Novela

La agonía del dragón

Juan Luis Cebrián

19 marzo, 2000 01:00

Alfaguara. Madrid, 2000. 450 páginas, 2.800 pesetas

Cebrián ha realizado la selección de un material periodístico y no nos ahorra lo significativo, aunque, tal vez no siempre lo más relevante, tratado con deliberada ligereza

Juan Luis Cebrián ha regresado a la novela y La agonía del dragón se anuncia como la primera parte de una posible trilogía sobre la España de la transición. Ha elegido como protagonista a un grupo de jóvenes de la burguesía media, alguno de ellos hijo de miembros de las fuerzas armadas o de los políticos del propio régimen franquista que constituyen una descafeinada célula comunista. Se pretende ejemplificar la gloriosa y siempre juvenil "generación del 68" (o del "69" en España), sus vacilaciones, contradicciones, miedos y recelos. Peripecias que se desarrollarán hasta el asesinato de Carrero Blanco y la detención de Simón Sánchez Montero, mítico personaje de la resistencia del PCE.

Sin embargo, la trama o las historias de cada uno de los individuos queda diluida en el propósito más ambicioso del autor. Cebrián no puede olvidarse de su formación periodística y mezcla la amplia crónica con la trama imaginaria en un estilo neutro, en el que abundan los diálogos. Mezcla lo imaginario y lo real; los estudiantes (hay un integrante de la clase obrera, aunque no lo parece) politizados, sus familias antes nacionalistas o republicanas, ya en una situación política del cinismo generalizado, generaciones tratadas con un exceso de tópicos y lúcidos policías que se infiltran en las Universidades. El único ámbito en el que se desarrolla la acción es un Madrid en transformación, sacudido por la rebeldía juvenil o en vía de situarse en zonas sensibles de un aparato político en descomposición con enfrentamientos entre las familias del franquismo, aunque resistentes ante cualquier eventualidad de cambio. El papel del dictador se mantendrá en un discreto segundo término.

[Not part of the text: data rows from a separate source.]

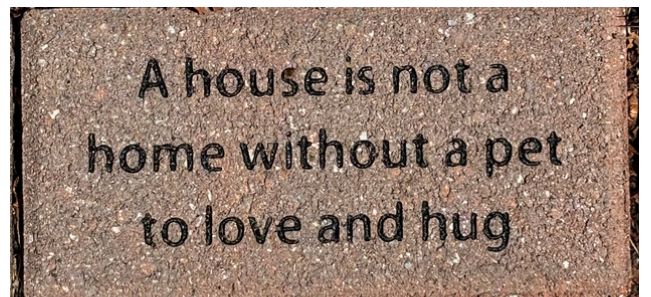

Commemorative Brick & Paver Order Form

Honor a loved one with a commemorative brick or paver that will be placed in the shelter's brick walkway as a permanent tribute. If you prefer, you may purchase the brick or paver for your own garden or as a gift for a special someone.

Animal Rescue Rhode Island is dedicated to rescuing companion animals in need and to the humane welfare of homeless animals. Your purchase will help us care for even more pets.

\$150 4" x 8" brick includes three lines of text, maximum 18 characters per line

\$250 6" x 9" paver includes three lines of text, maximum 18 characters per line

\$350 9" x 9" paver includes three lines of text, maximum 18 characters per line

Please note: Our stone mason does not inscribe bricks or pavers in winter. Any orders placed from November through March will not be inscribed until the following April or May.

No fueron pocas las transformaciones operadas en el agitado período que algunos calificaron de posfranquismo con Franco, pese a que la nota dominante fue el miedo. Cebrián ha realizado la selección de un material periodístico y no nos ahorra lo significativo, aunque, tal vez no siempre lo más relevante, tratado con deliberada ligereza: el nacimiento de ETA; la presencia de la Iglesia (los curas obreros); la Operación Príncipe, en la que se detiene; el caso Matesa; las manifestaciones de la Plaza de Oriente; las cenas seudopolíticas, como las de Mayte Comodoro, de una incipiente oposición tolerada; la utilización de la extrema derecha europea, las manifestaciones.

Atraviesan por el relato personajes como Don Juan Carlos, Adolfo Suárez, Fernández Miranda y algunos otros. Pero el mejor de los retratos es el de Carrero. Su propósito no consiste, sin embargo, en profundizar, sino en ofrecer un panorama de cómo los jóvenes inquietos observaban una sociedad en ebullición política (aunque también moral; de ahí, las nuevas costumbres sociales y sexuales). En alguna ocasión el tratamiento de las escenas adquiere un tono de humor a lo Berlanga, pero por lo general Cebrián no ha optado ni por la épica, ni por una tesis determinada, sino por la posición de observador/partícipe. Pese a su izquierdismo, la italiana Marta, hija de diplomático, se casa con Alberto en la iglesia de los Jerónimos. Jaime Alvear tiene en uno de los retiros espirituales la impresión de encontrarse con el Demonio: acabará siendo cura. Eduardo abandona a Enriqueta, que ha de optar por la acción armada; el periodista que ha pasado de la bohemia a las responsabilidades de dirección recuerda aspectos del propio autor. Los policías ejercen de conciencia crítica, no exenta de brutalidad.

La pesada losa de la guerra civil se deja sentir todavía, 33 años después, sobre unos y otros. La alternativa, se sabe, es la muerte natural de Franco. Pero algunas de las transformaciones que apunta o determinados detalles de ambiente -lo mejor del libro- se habían producido ya en etapas anteriores. Los 60 aparecen como excesiva y superficialmente rupturistas. La visión resulta sesgada. Enriqueta, que defenderá la acción directa acierta en su cinismo: "-En realidad todos jugamos, ¿no? Nos gusta ser mayores y no nos dejan". A los jóvenes de hoy buena parte de las claves les resultarán incomprensibles.